A staunch libertarian, Paul argued that the only purpose of government is to protect the rights to individual rights of life, liberty and property. Rand shares many of his father's libertarian leanings, with a deeply suspicion of government intervention into the economy and passion for advancing open markets and lower taxes.

Paul cites novelist Ayn Rand and economist Friedrich Hayek as a few of the central characters who have shaped his political views. However, he is is not your typical right-wing Republican. A strong contender for the party's Presidential primary, Paul is attempting to shift the GOP away from its dogmatic adherence to a neoconservative foreign policy and ever greater defence spending.

While not in favour of full drug legalisation, Paul has advocated criminal justice reform to stop minor drug users being imprisoned and insists states like Colorado that have legalised recreational marijuana should be allowed to experiment.

Like Farage, Paul has is no stranger to controversy. During an interview in 2010, Paul qualified his support for the Civil Rights Act saying he was concerned about forcing private businesses not to discriminate. He said public bodies should not be allowed to discriminate on racial grounds and that private businesses that did would lose out because of public outrage.

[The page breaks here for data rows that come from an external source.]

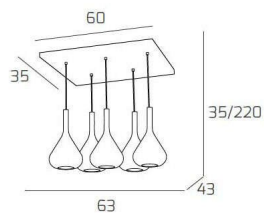

**KONA SOSP. BIANCO 5 LUCI RETTANGOLARE VETRI VERDE**

<b>Codice:</b>	1177BI/S5 R-VE
<b>Ean:</b>	8059917021891
<b>Collezione:</b>	1177 KONA
<b>Categoria:</b>	SOSPENSIONE

**Dimensioni**

<b>Dimensioni minime (LxPxA):</b>	63 x 43 x 35 cm
<b>Dimensioni massime (LxPxA):</b>	63 x 43 x 220 cm
<b>Dimensioni rosone:</b>	60x35 cm
<b>Peso netto:</b>	3.90 kg
<b>Peso lordo:</b>	4.30 kg

**Informazioni tecniche**

<b>Classe di isolamento:</b>	1
<b>Grado di protezione:</b>	IP20
<b>Alimentazione:</b>	220-240V 50/60HZ

**Colori**

<b>Colore struttura:</b>	BIANCO - WHITE
<b>Colore diffusore:</b>	VERDE - GREEN

**Info sorgente e prestazionali**

<b>Attacco:</b>	E27
<b>Numero di attacchi:</b>	5
<b>Led integrato:</b>	NO
<b>Potenza massima:</b>	60 W
<b>Potenza energy save consigliata:</b>	18 W
<b>Lampadina inclusa:</b>	NO

The Republican establishment bitterly opposed Paul's candidacy for the Senate, but a wave of Tea Party and grass-roots support carried the him into office. There is little doubt Rand Paul will stand for President in 2016, running on a pro-freedom agenda with a focus on expanding the GOP's base and shifting the party's stance on foreign policy.

Polls so far out from the primaries mean little at the moment but the consensus among pundits remains that Paul will fail to win his party's nomination. However, with a strong campaign infrastructure inherited from his father and enthusiastic base of young supporters the libertarian senator could prove to be the successful insurgent Nigel Farage so admires.